Die Politik zur Zeit der Gotik war im Wesentlichen bestimmt durch drei Machthaber, die ihre Position und Bedeutung immer wieder neu definierten und verhandelten: erstens den König von Frankreich, zweitens den deutschen König, der zugleich auch den Titel des römischen Kaisers beanspruchte, und schließlich den Papst.
War die territoriale Macht des französischen Königs im 12. Jahrhundert besonders durch die Konflikte mit den Fürsten und dem normannischen England, zu dem auch weite Gebiete des Festlandes gehörten, eher beschränkt, änderte sich diese Situation im 13. Jahrhundert mit der Rückgewinnung der Westküste und der Normandie sowie der Ausweitung nach Süden bis hin zum Mittelmeer. Frankreich entwickelte sich zu einer zentral gelenkten stabilen Monarchie.

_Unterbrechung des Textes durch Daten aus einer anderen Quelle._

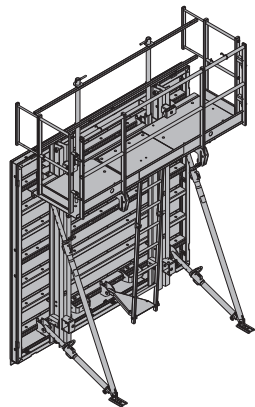

[kg] Référence

[kg] Référence

Banche Dokaset F 2,70x2,70m avec passerelle 984,0 588721000

Dokaset F-Element 2,70x2,70m m. Bühne

galva
Longueur : 284 cm
Largeur : 270 cm
Hauteur : 40 cm
Livraison : à l'état replié

Sous-hausse Dokaset F 2,70x1,35m 360,0 588724000

Dokaset F-Unterstockelement 2,70x1,35m

galva, traitement pulvérulent
Longueur : 141 cm
Largeur : 270 cm
Hauteur : 33 cm

Banche Dokaset F 2,70x2,70m 810,0 588720000

Dokaset F-Element 2,70x2,70m

galva
Longueur : 284 cm
Largeur : 270 cm
Hauteur : 33 cm
Livraison : à l'état replié

Sous-hausse Dokaset F 1,35x1,35m 194,0 588725000

Dokaset F-Unterstockelement 1,35x1,35m

galva, traitement pulvérulent
Longueur : 141 cm
Largeur : 135 cm
Hauteur : 33 cm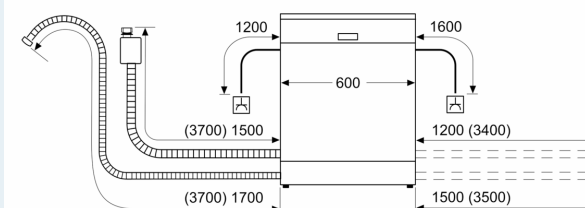

#### Príslušenstvo

- rozmery spotrebiča (V x Š x H): 86.5 x 59.8 x 55 cm

<sup>1</sup> stupnica tried energetickej účinnosti od A po G

<sup>2</sup> spotreba energie v kWh na 100 cyklov (v programe Eco 50 °C)

**iQ700, Plne zabudovateľná  
umývačka riadu, 60 cm, ,  
varioHinge  
SX97T800CE**

Rozmerové výkresy

rozмеры в мм

⚡ zásuvka  
( ) hodnoty s predĺžovacou súpravou

rozмеры в мм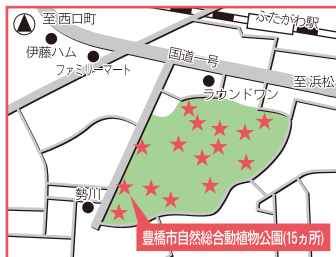

136 豊橋自然総合動植物公園

〒441-3147 豊橋市大岩町字大穴1-238

☎0532-41-2185

INFORMATION MAP:19 右ページ

営業時間 AM 9:00~PM 4:30

定休日 月曜日

場所 西門を入れてすぐ左
(その他園内に15ヶ所あり)

丸形便器

ウイシュレット付

MEMO

- ★高さ46cm
- ★洗浄センサー付ボタン
- ★背もたれあり

L字手すり

MEMO

- ★高さ72cm
- ★便器中心から手すりまでの距離35m
- ★独立手すり:可動式はね上げタイプ

便器サイドの手洗い

水洗金具:ボタン

Das Heilige Römische Reich erstreckte sich theoretisch von Sizilien über weite Teile Italiens bis an die Nord- und Ostsee. Es war im Westen vom Königreich Frankreich (etwa am Flussverlauf der Maas und der Saône) und im Osten von den Königreichen Polen und Ungarn begrenzt. Der deutsche König bzw. römische Kaiser, gewählt von den Reichsfürsten (später sieben Kurfürsten), hielt dieses in zahlreiche Territorien unterteilte Gebilde zusammen. Die einzelnen Herzöge, Fürsten, Bischöfe, aber auch die italischen Städte (italienische Stadtstaaten) errangen im Laufe der Zeit unterschiedliche, mehr oder minder autonome Machtbefugnisse, was zu zahlreichen Konflikten führte. Der Süden Europas hingegen, insbesondere die Iberische Halbinsel, wurde vom arabischen Einfluss dominiert, der mit dem Fall Granadas erst im 15. Jahrhundert völlig zurückgedrängt werden konnte.
Seit der Karolingerzeit existierte in Europa (mit Ausnahme der Iberischen Halbinsel) ein festes kirchenpolitisches hierarchisches System mit dem Papst und seinem Sitz in Rom (von 1309 bis 1376 in Avignon), gefolgt von Kardinälen, Erzbischöfen und Bischöfen als Häuptern der kirchlichen Verwaltungsgebiete (Erzdiözesen bzw. deren Suffraganbistümer) sowie deren Unterteilungen, den Pfarreien. Der Pfarrer war für die wichtigsten Bereiche der Seelsorge zuständig, wie Taufe, Beichte, Hochzeit und Begräbnis. Die kirchlichen Hochfeste sollten nur in der eigenen Pfarrkirche besucht werden. Das Leben der Menschen war stark geprägt von kirchlichen Vorgaben, basierend auf der christlichen Lehre, die durch den Klerus vermittelt wurde.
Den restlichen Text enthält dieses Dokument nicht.